In recent years cross-border agreements between Singapore and foreign companies have become more frequent. This applies especially to the relations between local companies and companies based in other ASEAN countries (Brunei, Cambodia, Indonesia, Laos, Malaysia, Myanmar, Philippines, Thailand, and Viet Nam).
Governing law in cross-border agreements
The Singapore contract law recognizes wide freedom of the contracting parties to define the terms of their agreement.

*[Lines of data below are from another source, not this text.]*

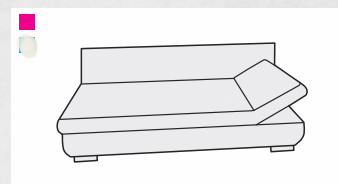

FAGUS[®]
založeno v ČR 1992

GITA

Gita je novinkou v naší nabídce sedacích souprav!

Následuje trendy – je moderní variabilní sedací soupravou, která je navíc vhodná pro každodenní spaní! Lůžko je vyrobeno z lamelového roštu a tlačných pružin. Je tedy ideální volbou do menších bytů, kde skloubí funkce sedačky, relaxu a postele. Podpoří každý interiér svými elegantními čistými liniemi a buď odvážnou, anebo naopak elegantní neutrální barvou.

výška sedu pohovky	48 cm
hloubka sedu pohovky	75 cm
výška pohovky	82 cm

výška sedu křesla	45 cm
hloubka sedu křesla	50 cm
výška křesla	95 cm

	úložné
	rozkládací

G1LUZ L/P
pohovka rozkládací
jednolůžková levá/pravá
š/204xh/81 xv/82

G2LUZ L/P
pohovka rozkládací
dvoulůžková levá/pravá
š/204xh/98 xv/82

GCEL
čelo na zeď
š/204xv/82

G1
křeslo
š/60xv/95

GT
taburet
š/50xh/50xv/48

rozměr jednolůžka: 75x204
rozměr dvoulůžka: 155x204

Váš prodejce: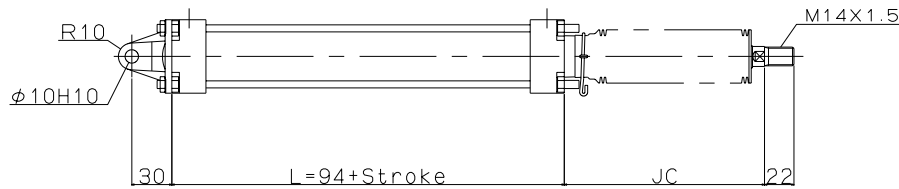

Stroke	L
100	194
150	244
200	294
250	344
300	394
400	494
500	594
600	694

Stroke	JC
0~160	110
161~250	150
251~400	210
401~600	300

JIS Symbol

Model:
CP665-A(B)(D)-CB-40X200
Maker:
KONAN
File Name:
CP66-A-CB-40

This also applies to the choice of governing law and not just to commercial agreements but also to civil or employment contracts.

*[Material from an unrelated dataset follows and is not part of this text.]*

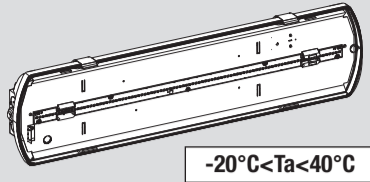

BS100 REGOLABILE ED

230V-50Hz

Beghelli

-20°C < Ta < 40°C

Choosing the governing law
When a Singapore company and a foreign company sign an agreement which is to be performed at least partially in Singapore or is to be signed in the country, they can choose which country’s law to govern their relationship.
In addition to the choice of governing law, the contracting parties may also choose a court where disputes are to be heard regarding the signing, execution or termination of the contract.

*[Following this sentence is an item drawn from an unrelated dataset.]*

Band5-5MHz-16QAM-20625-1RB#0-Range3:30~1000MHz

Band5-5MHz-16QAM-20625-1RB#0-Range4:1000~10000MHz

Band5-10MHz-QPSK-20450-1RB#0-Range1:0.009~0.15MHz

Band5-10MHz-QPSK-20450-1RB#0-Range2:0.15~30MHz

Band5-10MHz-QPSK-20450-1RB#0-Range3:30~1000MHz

Governing law when a choice is not made
If the parties have not agreed upon the governing the law, it will be up to the court that hears a dispute, to choose which law to apply. The court will likely apply the law of the country that is most closely connected with the subject of the matter. For example, if the parties have agreed on the periodic provision of services to Malaysian citizens the Malaysian law is the one to be applied even if the service provider is a Singapore based company.
In some rare cases, there may be mandatory rules that override the choice of governing law. This is the case with the Singapore Unfair Contract Terms Act. Some regulations provided for in the act will apply regardless of what the parties may have agreed upon.
How to choose governing law and jurisdiction
It is fairly easy to include the choice of governing law in your commercial agreement. You only need to include a simple clause like the following:
“This Contract shall be governed by and construed in accordance with Singapore law.”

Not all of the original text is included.